Police charge North Laurel resident with attack on officer after traffic stop


A 50-year-old North Laurel man was charged with assault with intent to murder a Howard County police officer Tuesday morning after police say he resisted arrest for a traffic violation and then grabbed at the officer's gun.

John Edward Williams, 50, of the 15800 block of Joyce Lane also is charged with assault, resisting arrest, carrying a concealed deadly weapon, malicious destruction of property and running a stop sign.

A District Court commissioner released him on personal recognizance later Tuesday.

Mr. Williams said he fought Officer William D. Perigo and tried to take his gun only because he thought he would be shot himself, court officials said.

Police contend that Mr. Williams showed disrespect for the law. They credit Officer Perigo's quick thinking and the help of another officer and two citizens for his safety. The officer suffered a cut to the lower lip and abrasions to his legs and left arm.

Last year, 73 Howard County police officers were assaulted while working.

Police said Officer Perigo, who has been on the force two years, could have lost his life Tuesday.

Officer Perigo saw a white Ford truck go through a stop sign at Davis Road and U.S. 1 at 10 a.m., according to police charging documents.

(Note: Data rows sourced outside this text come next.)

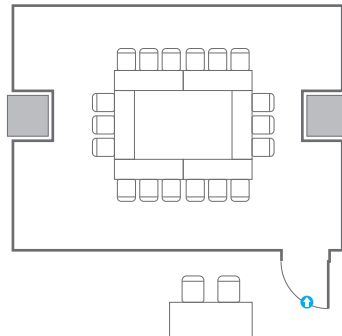

스퀘어볼룸 B

회의실 규모	규격	11.9(W) x 19.7(L) x 5.3(H) m	
 이동식 무대	규격	9.6(W) x 2.4(L) x 0.6(H) m	수량 8개 (1개 - 1.2 x 2.4 m)
 스크린	규격	7(W) x 3.9(H) m [320"-16:9]	LCD Laser 15,000 Ansi
 현수막	규격	7(W) m - 세로 규격은 임의 조정	
 포디움(강연대)	수량	2개	포디움 폼보드 규격(브랜딩) 550(W) x 150(H) mm

300
VIP Lounge

회의실규모	규격	9.7(W) x 15.8(L) x 2.4(H) m
 스크린	규격	3.32(W) x 1.87(H) m [150"-16:9] LCD Laser 7,000 Ansi
 현수막	규격	6(W) m - 세로 규격은 임의 조정

Fixed Seating
16 persons

301

회의실 규모	규격	7.6(W) x 8.8(L) x 2.4(H) m
스크린	규격	2.99(W) x 1.68(H) m [135"-16:9] LCD Laser 7,000 Ansi
현수막	규격	6(W) m - 세로 규격은 임의 조정
포디움(강연대)	수량 1개	포디움 폭보드 규격(브랜딩) 550(W) x 150(H) mm

| 포디움 플보드 규격(브랜딩) | 550(W) x 150(H) mm

※ 이동식 무대 규격, 콘솔 여부 등에 따라 세팅 배열 및 좌석수가 변동될 수 있습니다.

※ 이동식 무대, 라운드테이블(Banquet Type)은 유료임대품목입니다.
 코엑스 스토어에서 구매하여 주세요. (www.coexstore.co.kr)

Classroom Type
18 persons

Theater Type
30 persons

Banquet Type
10 persons

Workshop Type
12 persons

Hollow Square Type
18 persons

U-Shape
15 persons

303

회의실 규모

| 규격 | 6.3(W) x 5.3(L) x 2.4(H) m

포디움(강연대)
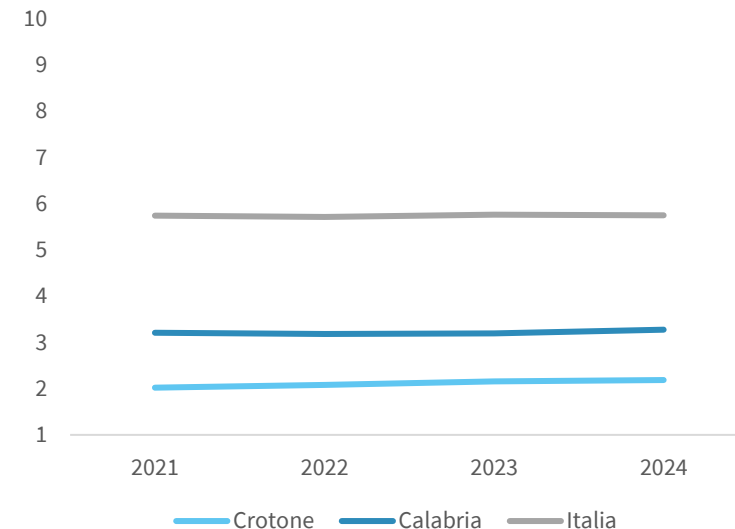

IL SISTEMA PRODUTTIVO CULTURALE E CREATIVO (SPCC) DELLA PROVINCIA DI CROTONE

Incidenza % del valore aggiunto del SPCC sul totale valore aggiunto. Anno 2024

INDICATORI E POSIZIONAMENTO NELLA GRADUATORIA PROVINCIALE. ANNO 2024

I piazzamenti nella graduatoria provinciale per incidenza % del valore aggiunto del SPCC sul totale valore aggiunto

INCIDENZA % DEL VALORE AGGIUNTO DEL SPCC SUL TOTALE VALORE AGGIUNTO

DATA DI RILASCIO: 28 novembre 2025
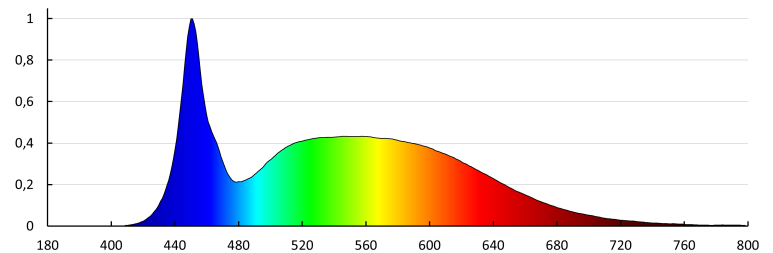

37278 BLINGO U29-35W 120CCT

Світлодіодна панель для прихованої установки

[mA]	[K]	[W]	[lm]
750	4000	28,5	3500
750	3500	28	3500
750	3000	28,5	3300
800	3000	30	3500
800	3500	29	3700
800	4000	30,5	3700
850	3000	32,5	3750
850	3500	31,5	3950
850	4000	33	3950
900	4000	35	4200
900	3500	33,5	4200
900	3000	35	3900

Висота коробки [см]: 32.5

Довжина коробки [см]: 125

Обсяг коробки [м³]: 0.083281

ДОДАТКОВІ ВІДОМОСТІ:

- 5 років Гарантії на умовах гарантійної заяви, доступної на веб-сайті
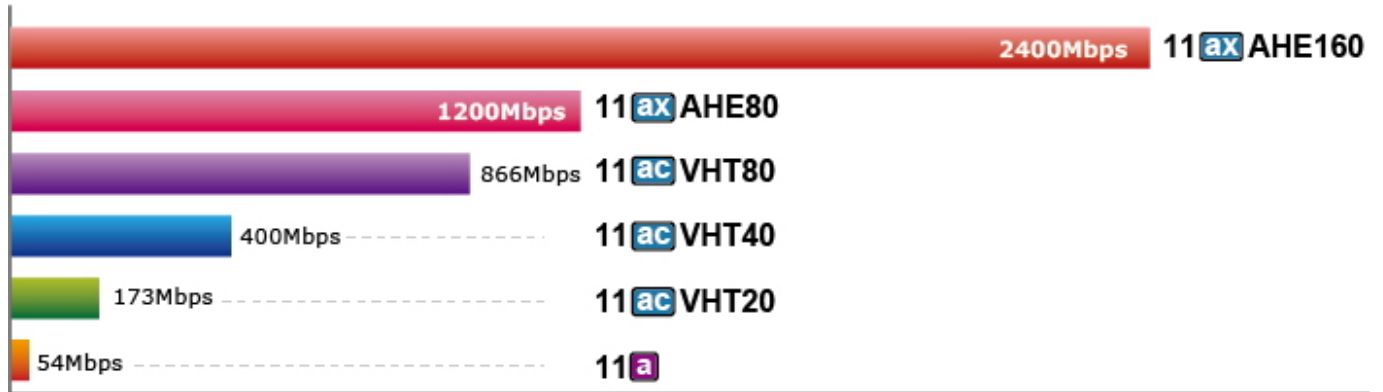

### Specifikace Wi-Fi a připojení:

**Wi-Fi standard:** IEEE 802.11a/an/ac/ax 5 GHz (4Tx4R)

**Počet antén a jejich výkon:** 4x SMA 5 dBi odnímatelná anténa

**Vysílací výkon:** až 23 dBm

**Rozhraní:** 5x RJ-45 10/100/1000 Base-T, 1x USB 3.0, DI/DO (2x vstup, 2x výstup)

**Šifrování bezdrátového přenosu:** WPA, WPA2, WPA3

**Bezdrátové režimy:** Access Point, Brána, Repeater

**Max. připojených klientů:** až 150 připojených Wi-Fi klientů najednou (doporučeno 100)

**Management:** ano

### Fyzické vlastnosti:

**Provozní teplota:** -40 až +75 °C

**Napájení:** duální DC 9-54 V (max. 1,8 A), celkový příkon do 10,8 W

**Rozměry:** 135 x 135 x 50 mm

**Hmotnost:** 787 g

11ax has Faster Data Rate than That of 11ac by **177%**

When the officer stopped the vehicle a short distance away at Madison Avenue, near the Prince George's County line, he said Mr. Williams, the driver, had an 11 1/2 -inch Bowie knife. Mr. Williams said he carried the weapon to fend off drunks at the Savage Historic Mill Trail, police said.

When Officer Perigo radioed for a police backup and began to arrest Mr. Williams, the man became irate, prompting the officer to spray him with pepper spray, police reports said. That's when Mr. Williams lunged at the officer and pulled him down, police said.

"I dropped to my knees and felt my holster unsnap," Officer Perigo wrote in his report. "I looked, and he had his right hand on the pistol grip of my service revolver and was trying to pull it free."

He yelled for two bystanders to help and rolled on the ground until Mr. Williams could no longer grip the gun, the officer reported.

When he turned over with his shirt ripped, a contact lens missing and his weapon drawn, another officer who had just arrived and two citizens tackled Mr. Williams, police said.

State police statistics show similar incidents were common in 1994. Last year, 4,178 Maryland law enforcement officers were victims of assault in the line of duty, 476 of them during traffic stops. Of those incidents, 83 percent involved physical force and 3 percent involved handguns, reports show.

"It's always a stressful situation when you go to arrest someone, and they resist because they have no respect for the law," said Sgt. Steve Keller, a Howard County police spokesman. "It's an unfortunate part of the job."

In January, a Howard police detective filed a civil suit against a Silver Spring woman who was charged with trying to hit him with her car during a fraud investigation in December.

In April 1993, that same officer was sprayed with his own pepper tear-gas spray while scuffling with a man high on PCP.

When the man tried to take the officer's gun, the blinded officer shot him six times in what a jury later called self-defense. The man later was sentenced to prison.